Nanoflowers with a difference


Rebecca Pool

Wednesday, April 19, 2017 - 21:00
Image: SEM images of DNA-nanoflowers
Korea-based KAIST researchers have revealed an eco-friendly method to synthesise DNA-copper nanoflowers with high load efficiencies, low cytotoxicity, and strong resistance against nucleases.
Developed by Professor Hyun Gyu Park from the Department of Chemical and Biomolecular Engineering and colleagues, the method forms flower-shaped nanostructures by using interactions between copper ions and DNA containing amide and amine groups.
SEM images highlight nanoflowers that exhibit high DNA loading capacities in addition to low cytotoxicity.
Nanoflowers have been used in many areas including catalysis, electronics, and analytical chemistry, and recently, research breakthroughs have led to hybrid inorganic-organic nanoflowers containing various enzymes as organic components.
The hybridization with inorganic materials greatly enhances enzymatic activity, stability, and durability compared to the corresponding free enzymes, but the formation of protein nanocrystals requires high heat treatment, limiting the loading capacities of intact DNA.
SEM images show the effect of the DNA sequence and length of the formation of DNA-nanoflowers. (A) dNTPs (100 mM), (B) adenine-richssDNA (0.25 mM), (C) thymine-rich ssDNA (0.25 mM), (D) guanine-rich ssDNA(0.25 mM), (E) cytosine-rich ssDNA (0.25 mM), (F) A-T dsDNA (51 bp; 0.25 mM),(G) G-C dsDNA (51 bp; 0.25 mM), (H) PCR amplicon (200 bp; 600 nM),(I) plasmid DNA (5420 bp; 20 nM), and (J) genomic DNA (4857 kbp; 10 pM).
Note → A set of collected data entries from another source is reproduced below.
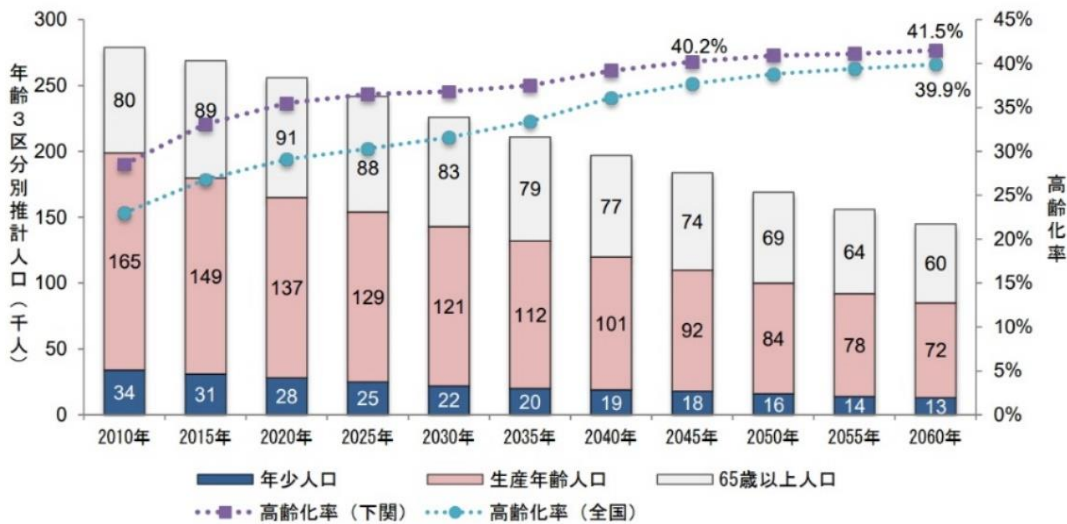

資料) まち・ひと・しごと創生本部事務局「将来推計用ワークシート」

図表 2-2 年齢3区分人口の将来推計(2010~2060年)

下関市の将来像を考える

いつもお取引ありがとうございます。金子商会代表の金子です。

そろそろ平成三十年度も終わろうとしております。年度末で多少なりともバタバタし

た日々を送っております。

新生活も始まりますのでいろいろ準備もしていかなくてはなりません。

毎年この時期はこれから先何をすべきかどうやってい

うかといういろいろな計画を立てるわけですが、まずは自分の立ち位置や、将来どういう世の中になるのか?なんてことを大まかにでも把握しておく必要があります。

というわけで、毎年この時期に目を通すようにしている

のが、「下関市地区別人口ビジョン(最新版は平成二十八年年度版)」です。それによると、下関市の高齢化率についてはすべての地域で上昇傾向にあり、二〇一〇年に24%だった最大と最小の差は二〇四〇年に28.2%(豊北57.6%と清末29.4%の差)に拡大した後、二〇六〇年に20.9%(豊北55.3%と清末34.4%)となり年を経るごとに地域差は縮小する見込みです。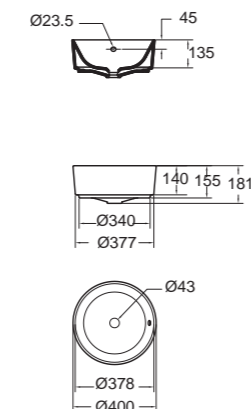

A-1302-110
ก๊อกผสมอ่างล้างหน้า แบบทรงสูง
พร้อมสวิตช์อ่างและสวิตช์ปลาตัว

WASH BASINS

TF-0507W
อ่างล้างหน้าแบบแขวนผนัง

TF-0507
อ่างล้างหน้าแบบวางบนเคาน์เตอร์

TF-0509
อ่างล้างหน้าแบบวางบนเคาน์เตอร์

TF-0519
อ่างล้างหน้าแบบครึ่งเคาน์เตอร์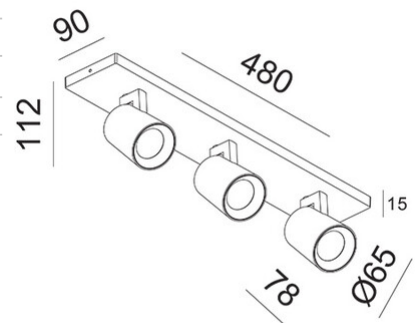

## Modo

Disponibile con una, due, tre o quattro luci. Corpo in alluminio a forma leggermente conica. Modo è una famiglia di apparecchi a parete o plafone con portalampada per lampadina GU10 LED non fornita, permettendo così di scegliere l'ottica più congeniale. Inoltre essendo orientabile consente di dirigere il fascio luminoso in una direzione specifica. Indicato in ambienti residenziali e commerciali.

<b>Codice</b>	<b>3451-83-101</b>
<b>Tipologia</b>	Faretto
<b>Designer</b>	S.T. Fabas Luce
<b>Codice a Barre</b>	8019282539391
<b>Tariffa doganale</b>	94051190
<b>Colore</b>	Nero
<b>Materiale</b>	Struttura in pressofusione di alluminio
<b>IP</b>	IP20
<b>IK</b>	08
<b>Classe di Isolamento</b>	 CL1
<b>Temp. ambiente di funzionamento</b>	+5°C + 35°C
<b>Anni di garanzia</b>	3
<b>Dimensioni della Lampada</b>	480x90x112mm - 0.9kg
<b>Dimensioni della Scatola</b>	490x100x130mm - 1.13kg
<b>Sorgente</b>	<b>Sorgente luminosa 1</b> GU10 3x 10W Non inclusa
<b>Tensione di Alimentazione</b>	<b>Specifica elettrica 1</b> Max 250V AC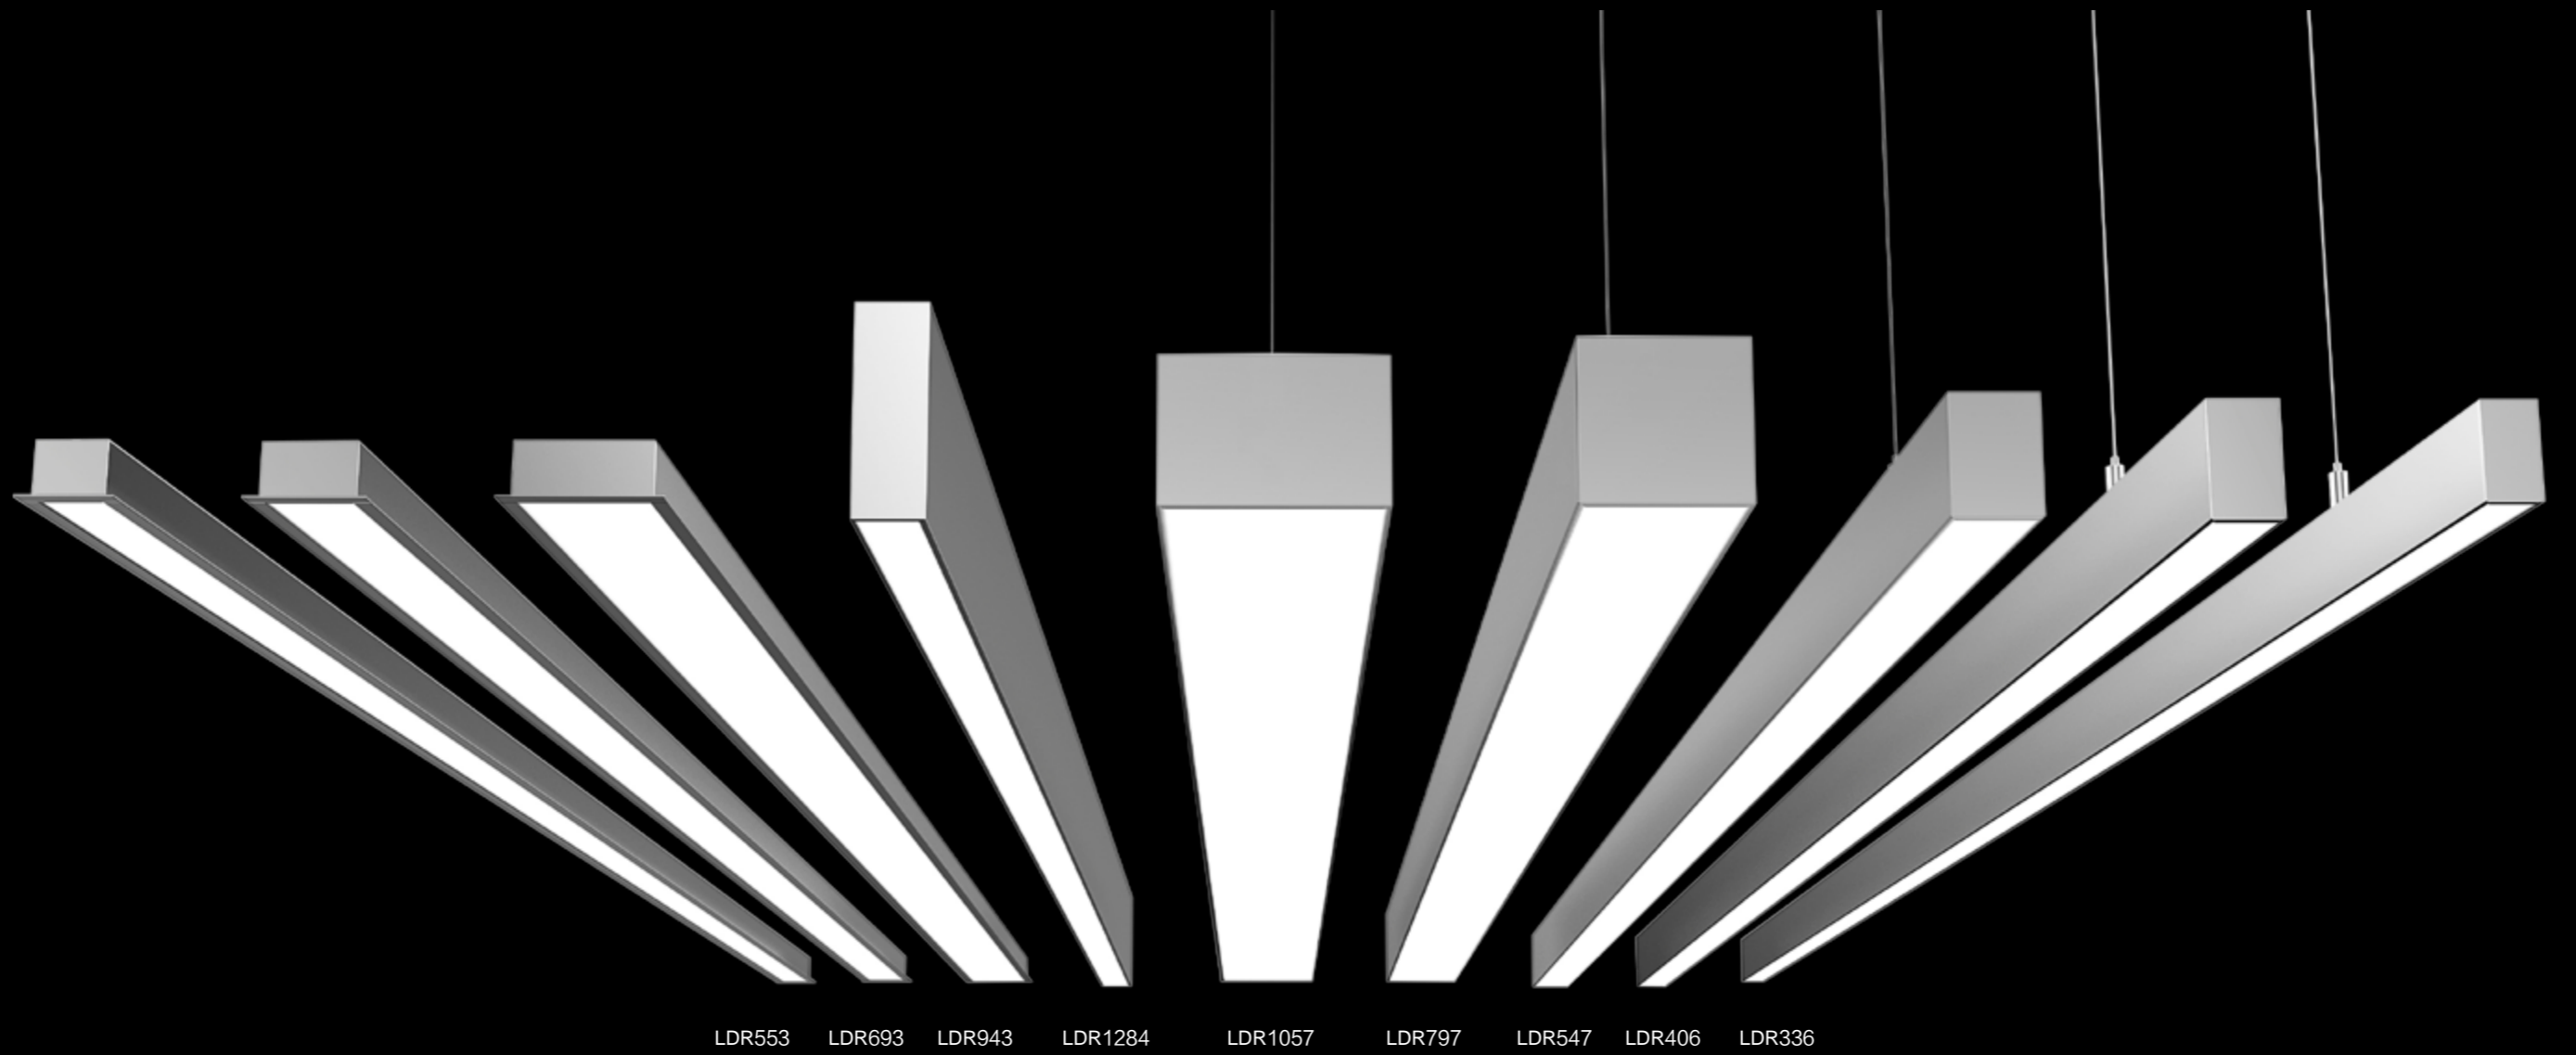

FACILITA' DI MANUTENZIONE

Rispetto ai prodotti simili, LDR ha migliorata significativamente l'efficienza d'installazione attraverso il risparmio di tempo del 40% nel disegno modulare, innovativo, di installazione e manutenzione pratica.

MODA E STILE DI ILLUMINAZIONE

LDR è un nuovo sistema lineare di illuminazione elegante, moderno e di tendenza

Qual'è la funzione LDR 2.0 ?

LDR 2.0 è il più recente sistema di illuminazione lineare progettato da LEDRICHPROJECT ha portato nuova tendenza alla progettazione di sistemi di illuminazione, ampia applicazione, libertà di collegamento del sistema lineare modulare, e un'installazione efficiente

Strip Larghe per sistema Lineare

Striscia flessibile o rigida componibile su richiesta

differenti standard di temperatura colore

FACILE CONNESSIONE

facile connessione, inserire per collegare

montare e smontare

Credit: KAIST
KAIST researchers addressed the issue, focusing on the fact that nucleic acids with well-defined structures and selective recognition properties also contain amide and amine groups in their nucleobases.
They proved that flower-like structures could be formed by using nucleic acids as a synthetic template, which paved the way to synthesize the hybrid nanoflowers containing DNA as an organic component in an eco-friendly condition.
The researchers also confirmed that this synthetic method can be universally applied to any DNA sequences containing amide and amine groups.
(A) Schematic illustration of the formation of nuclease-resistant DNA-inorganic nanoflowers.(B) SEM images showing time-dependent growth of DNA-nanoflower. Credit: KAIST
They reckon their approach is unique considering that the majority of previous works focused on the utilization of DNA as a linker to assemble the nanomaterials.
The hybrid nanoflowers enabled the sensitive detection of various molecules including phenol, hydrogen peroxide, and glucose.
DNA-copper nanoflowers showed even higher peroxidase activity than those of protein-copper nanoflowers, which may be due to the larger surface area of the flower- shaped structures, creating a greater chance for applying them in the field of sensing of detection of hydrogen peroxide.
The research team expects that their research will create diverse applications in many areas including biosensors and will be further applied into therapeutic applications.
As Park says: “The inorganic component in the hybrid nanoflowers not only exhibits low cytotoxicity, but also protects the encapsulated DNA from being cleaved by endonuclease enzymes. Using this feature, the nanostructure will be applied into developing gene therapeutic carriers.”
Research is published in Journal of Materials Chemistry B.